3

Given two Gremlin queries q1 and q2 and their results ri = qi.toSet(), I want to find all nodes in r1 that have a connection to a node in r2 - ignoring edge labels and direction.

My current approach included the calculation of shortest paths between the two result sets:

q1.shortestPath().with_(ShortestPath.target, q2).toList()

However, I found the shortest path calculation in Tinkerpop is unsuitable for this purpose because the result will be empty if there are nodes in r1 without any connection to any node in r2.

Instead, I thought about connected components, but the connectedComponents() step will yield all connected components found and I would have to filter them to find the connected component that meets the above requirements.

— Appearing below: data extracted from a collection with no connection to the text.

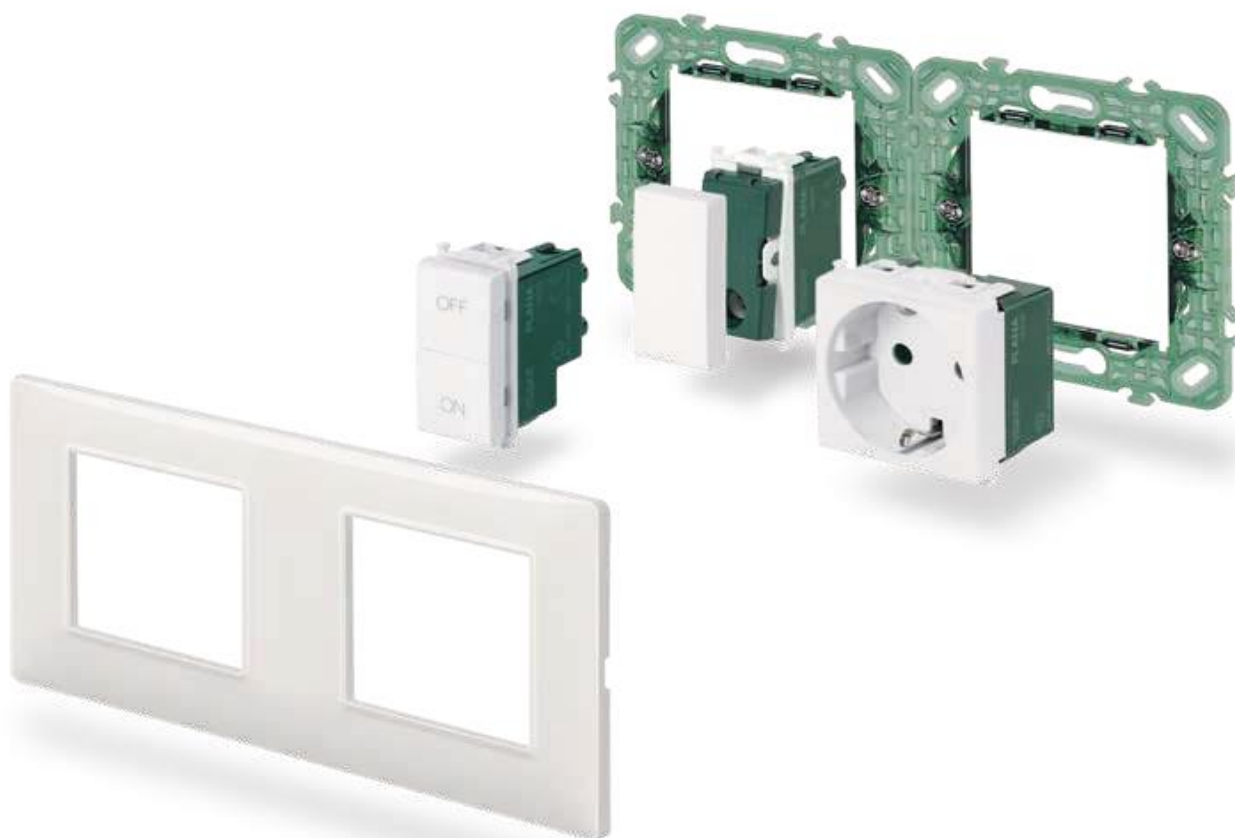

Ключове и бутони PLANA UP		Кат.№	Цена	
	Механизъм за аксиален еднополюсен ключ, 1М, 1Р 10 АХ 250 V~, с подсветка	14100.0	€ 38,41	75,12 лв.
	Аксиален еднополюсен ключ, 2М, 1Р 10АХ 250 V~, с подсветка, white	14100.2	€ 39,41	77,08 лв.
	Механизъм за аксиален девиаторен ключ, 1М, 1Р 10 АХ 250 V~, с подсветка	14104.0	€ 40,41	79,04 лв.
	Аксиален девиаторен ключ, 2М, 1Р 10АХ 250 V~, с подсветка, white	14104.2	€ 41,41	80,99 лв.
	Аксиален бутон, 2М, 1Р 10АХ 250 V~, с подсветка, white	14108.2	€ 42,41	82,95 лв.
	Аксиален кръстат ключ, 2М, 1Р 16АХ 250 V~, с подсветка, white	14113.2	€ 43,41	84,90 лв.
	Аксиален еднополюсен ключ, 1М, 1Р 10АХ 250 V~, с подсветка, white	14100	€ 44,41	86,86 лв.
	Аксиален кръстат ключ, 1М, 1Р 16АХ 250 V~, с подсветка, white	14113	€ 45,41	88,81 лв.
	Аксиален бутон, 1М, 1Р 10АХ 250 V~, с подсветка, white	14108	€ 46,41	90,77 лв.

Do you have suggestions on how I could tackle this problem in gremlin-python?

Green绿色
  • 1,620
  • 1
  • 16
  • 43

1 Answers1

2

Here is one way of doing what I think you need in Gremlin Python. This may or may not be efficient depending on the size and shape of your graph. In my test graph only vertices 1,2 and 3 have a route to either 12 or 13. This example does not show you how you got there, just that at least one path exists (if any exist).

>>> ids = g.V('1','2','3','99999').id().toList()
>>> ids
['1', '2', '3', '99999']
>>> ids2 = g.V('12','13').id().toList()
>>> ids2
['12', '13']

>>> g.V(ids).filter(__.repeat(__.out().simplePath()).until(__.hasId(within(ids2))).limit(1)).toList()
[v[1], v[2], v[3]]

You can also use dedup() instead of simplePath() and limit() if you only care that any route exists.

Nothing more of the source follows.